Stored entries:
==================================================
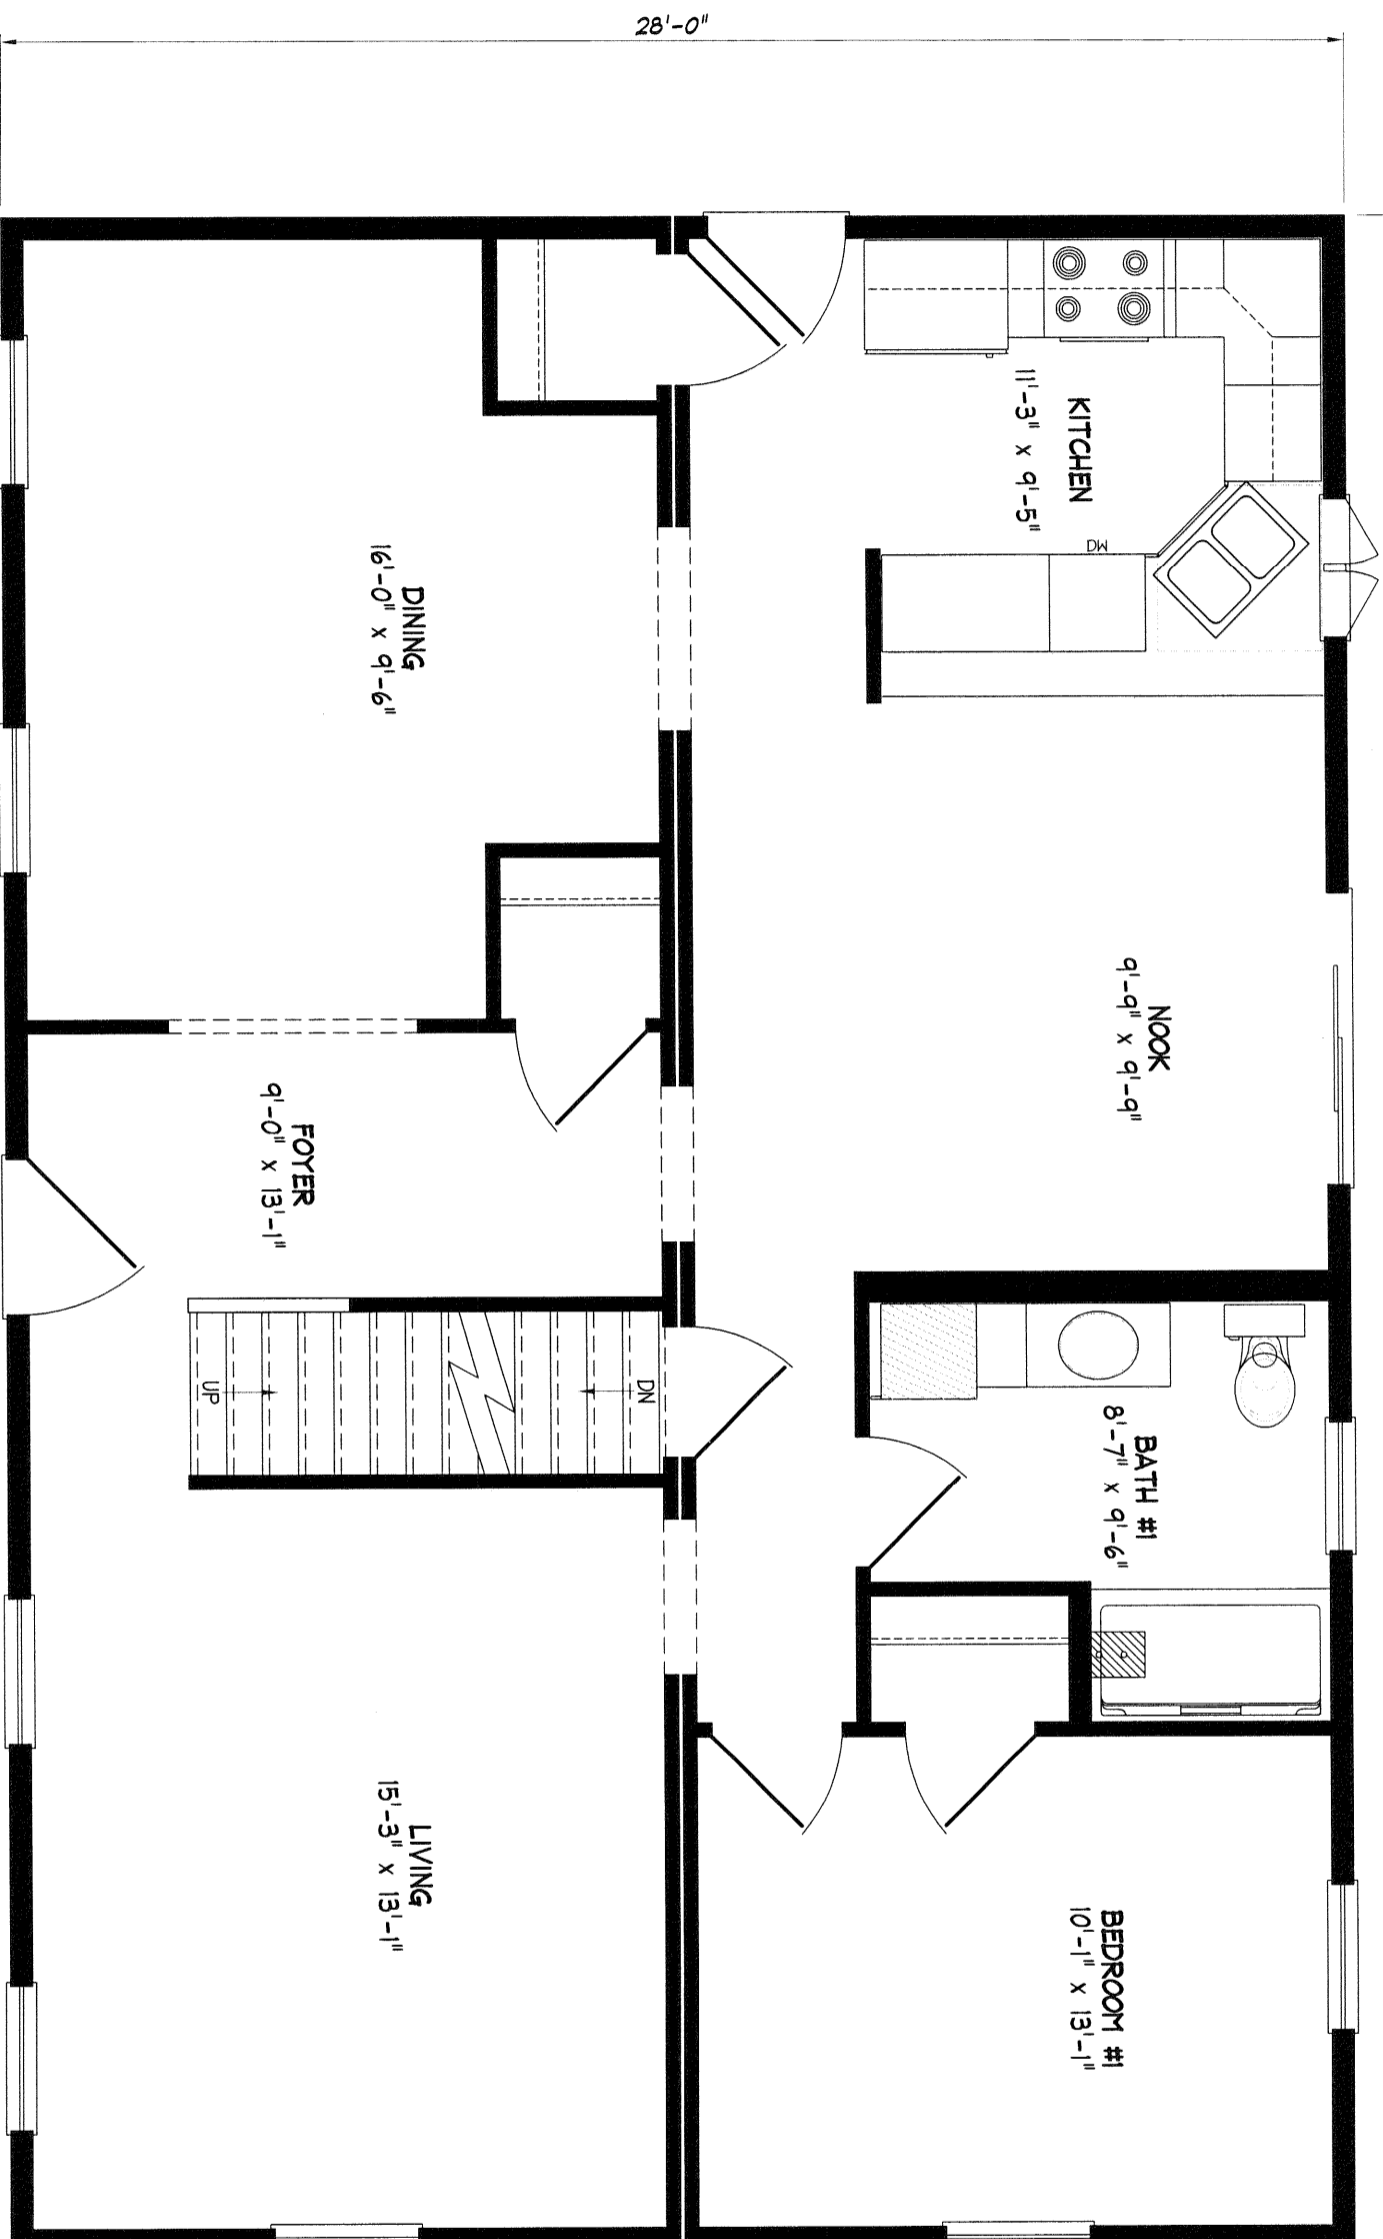

42'-0"

- NOTES:
- CHANGED 3-0 BIFOLD IN BEDROOM #1 TO 2-6 SWING
  - CHANGED 4-0 BIFOLD IN BEDROOM #2 TO 2/2-0 SWING
  - CHANGED 6-0 BIFOLD IN BEDROOM #3 TO 2/2-6 SWING

NOTE: ANY & ALL Material shipped loose for the site completion of the manufactured product is ULTIMATELY the SOLE RESPONSIBILITY OF THE BUILDER LISTED BELOW to install and finish.

Standard  
Cape Neddick

NEW ENGLAND HOMES INC.

270 OCEAN ROAD  
GREENLAND, NH 03340  
© COPYRIGHT 2000

DRAWN	PRG	DATE	02-16-06
REV.		DATE	
SCALE	1/4" = 1'-0"		

N.E.H.  
Standard

42'-0"

- NOTES:
- CHANGED 3-0 BIFOLD IN BEDROOM #1 TO 2-6 SWING
  - CHANGED 4-0 BIFOLD IN BEDROOM #2 TO 2/2-0 SWING
  - CHANGED 6-0 BIFOLD IN BEDROOM #3 TO 2/2-6 SWING

**NEW ENGLAND HOMES INC.**

270 OCEAN ROAD  
GREENLAND, NH 03840  
© COPYRIGHT 2000

DRAWN	PRG	DATE	02-16-06
REV		DATE	
SCALE	1/4" = 1'-0"		

NEH.  
Standard
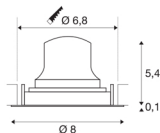

TECHNICAL DATA

Item no.:	1005575
Secondary power / secondary voltage	200mA
Height	5.5 cm
Diameter	8 cm
Installation diameter	6.8 cm
Installation depth	11 cm
Net weight	0.11 kg
Gross weight	0.118 kg
IP Code	IP 20
Safety class	III
Impact resistance class	IK02
Impact resistance	0,2 Joule
Assembly	Recessed
Assembly details	Ceiling
Wattage	7 W
Lumen	700 lm
Colour temperature	3000 Kelvin
Beam angle	40 °
Color	black
CRI	90
UGR ≤	22
LXXBXX data	L80B50
==================================================
Problem to work on: Wherever the string "ENGLAND" appears in the data above, report the whole line.

Reply to the exercise:
NEW ENGLAND HOMES INC.
**NEW ENGLAND HOMES INC.**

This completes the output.